### Dataset entries

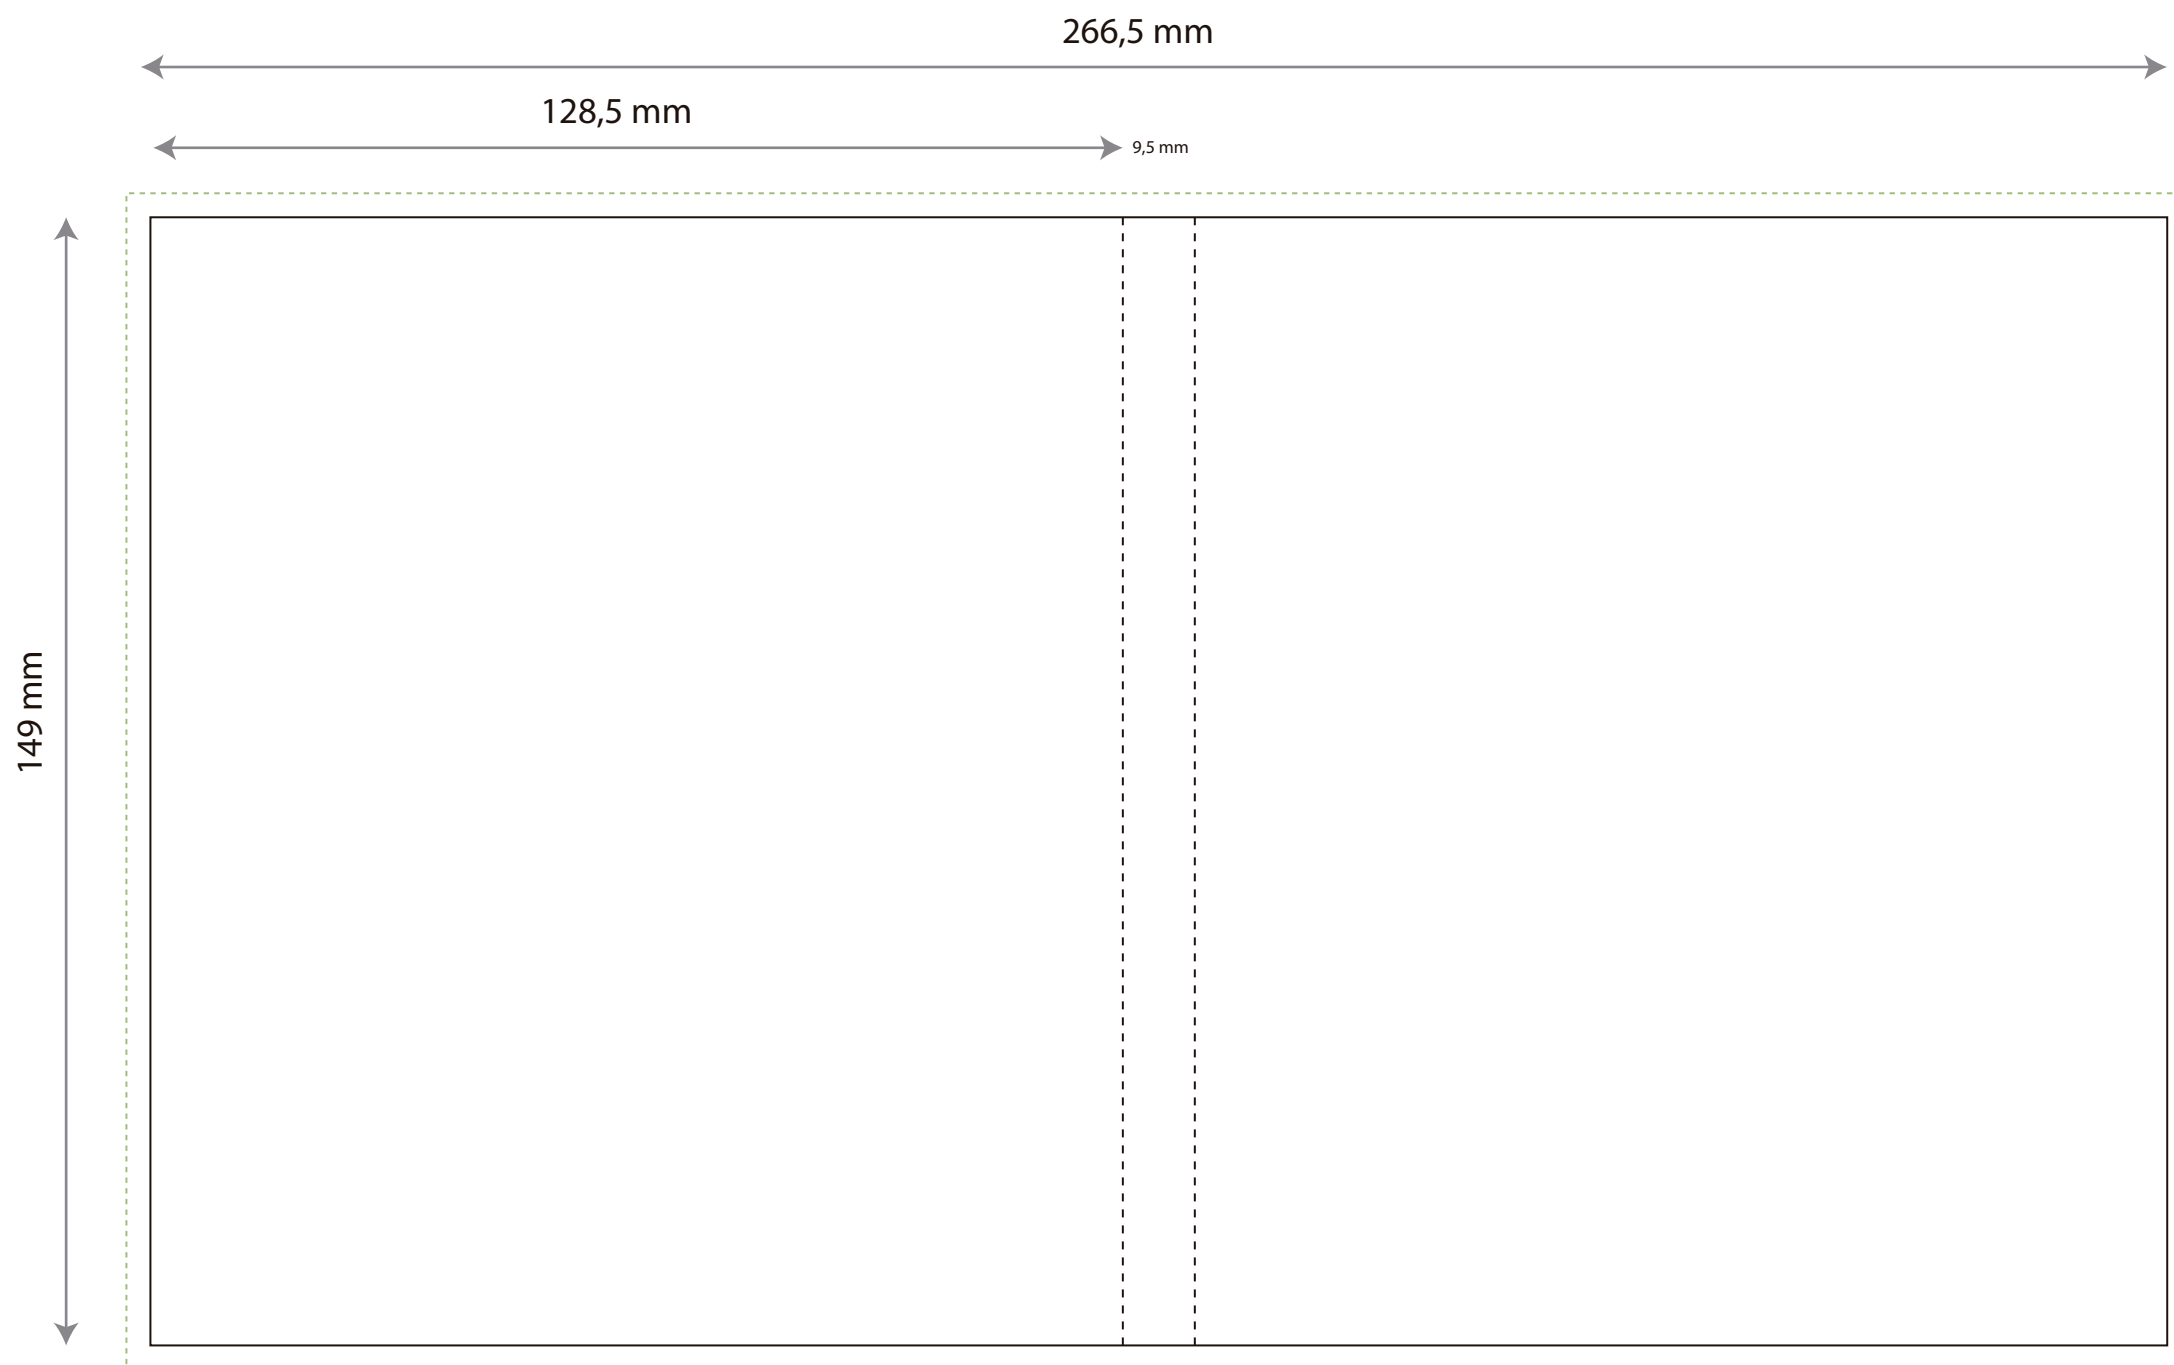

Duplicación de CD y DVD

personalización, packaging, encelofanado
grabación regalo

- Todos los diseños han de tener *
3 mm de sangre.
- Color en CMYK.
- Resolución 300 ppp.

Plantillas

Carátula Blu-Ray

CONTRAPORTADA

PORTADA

---

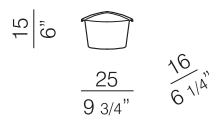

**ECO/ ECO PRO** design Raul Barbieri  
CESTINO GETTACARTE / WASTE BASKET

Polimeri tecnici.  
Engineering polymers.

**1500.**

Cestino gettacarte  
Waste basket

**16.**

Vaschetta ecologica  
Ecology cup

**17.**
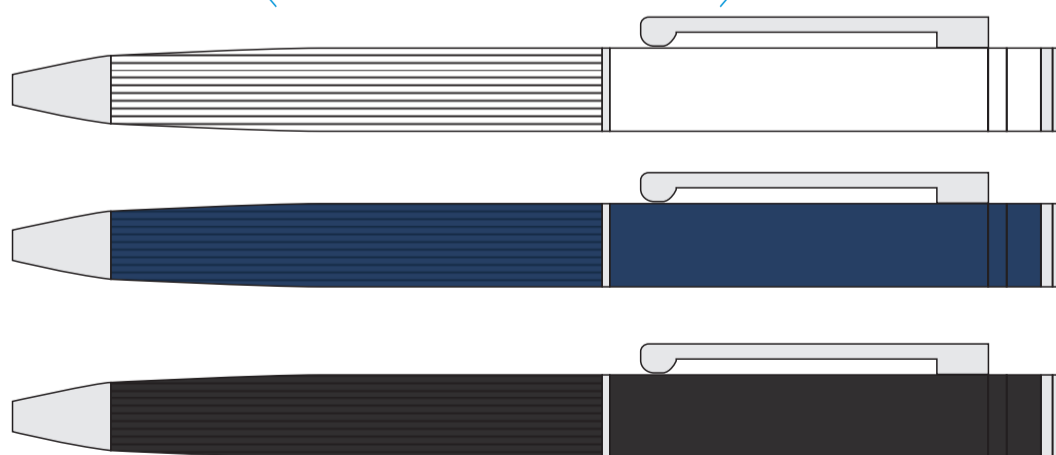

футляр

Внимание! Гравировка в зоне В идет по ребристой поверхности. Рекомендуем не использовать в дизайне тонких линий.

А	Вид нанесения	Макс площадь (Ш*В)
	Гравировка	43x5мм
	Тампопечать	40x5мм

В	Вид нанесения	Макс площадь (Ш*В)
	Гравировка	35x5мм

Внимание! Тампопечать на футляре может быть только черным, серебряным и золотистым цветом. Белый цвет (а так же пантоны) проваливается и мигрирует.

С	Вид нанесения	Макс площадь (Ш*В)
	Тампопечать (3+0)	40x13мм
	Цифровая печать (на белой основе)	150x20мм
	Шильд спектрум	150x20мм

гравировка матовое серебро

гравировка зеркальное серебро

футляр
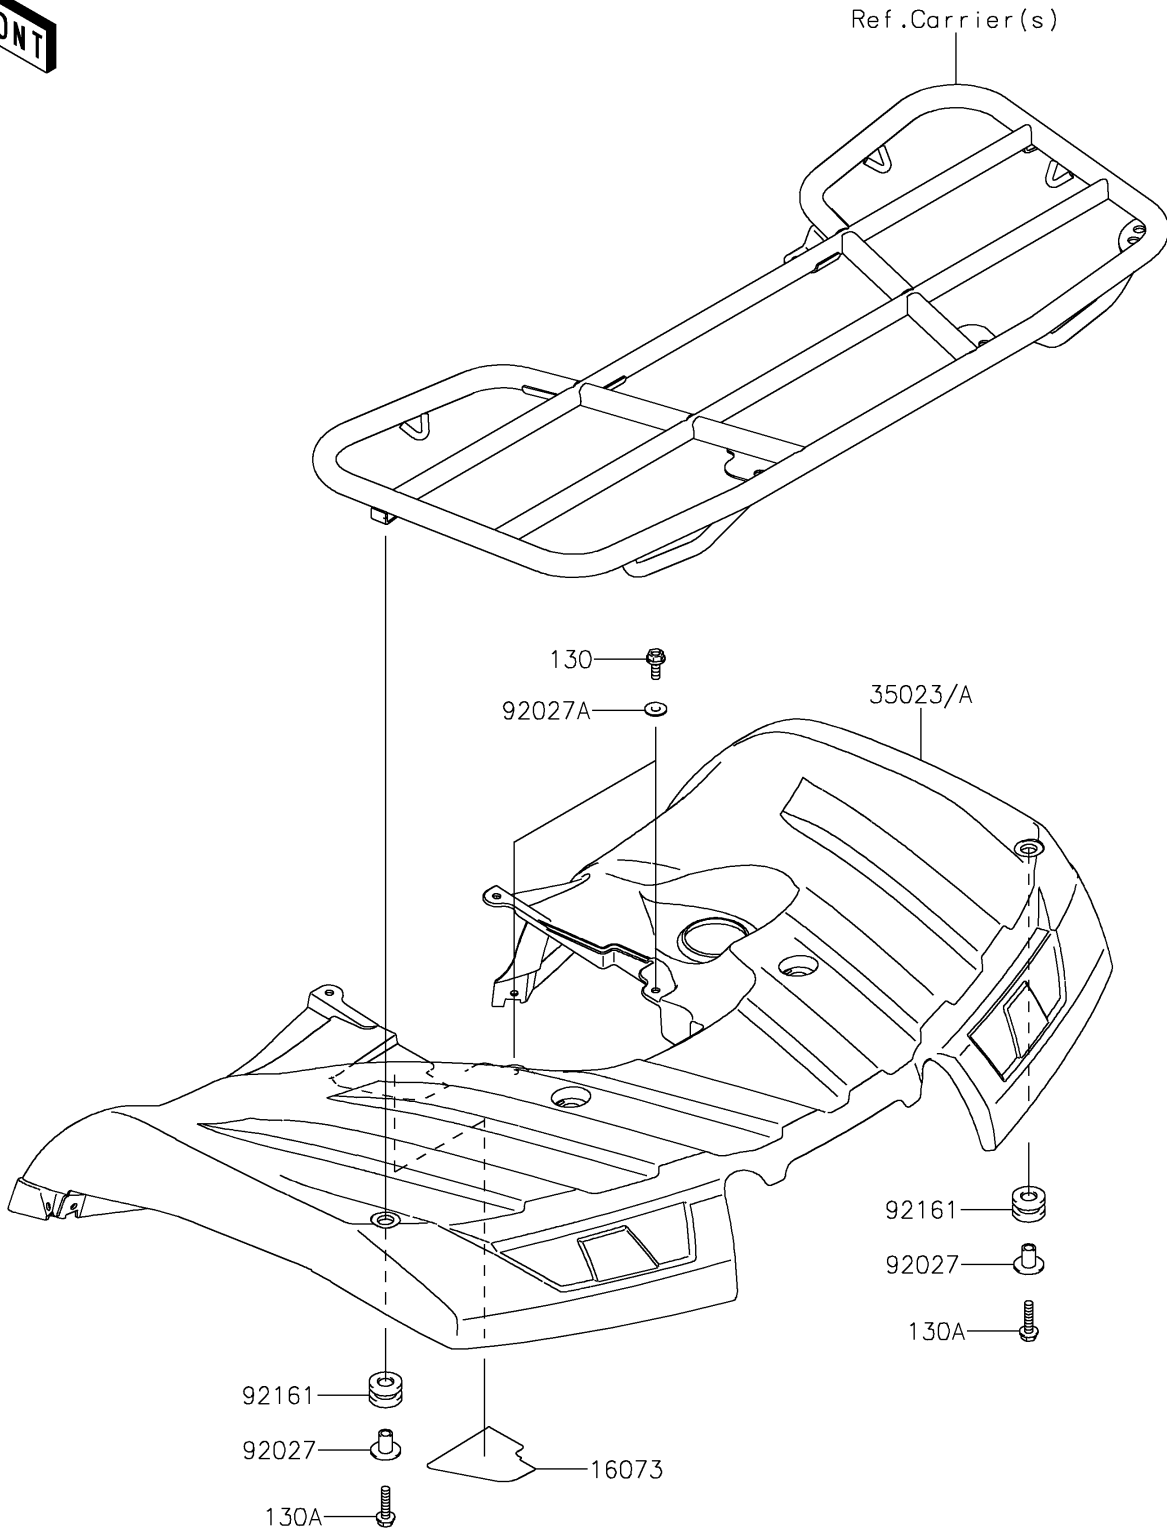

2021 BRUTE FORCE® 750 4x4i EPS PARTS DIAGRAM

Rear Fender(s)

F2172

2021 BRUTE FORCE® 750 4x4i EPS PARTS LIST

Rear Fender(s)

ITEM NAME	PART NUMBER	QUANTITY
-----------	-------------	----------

### WHAT YOU HAVE TO DO
On how many lines above does the word "FORCE" appear? Answer with that figure only.

### OUTPUT FOR THIS EXERCISE
2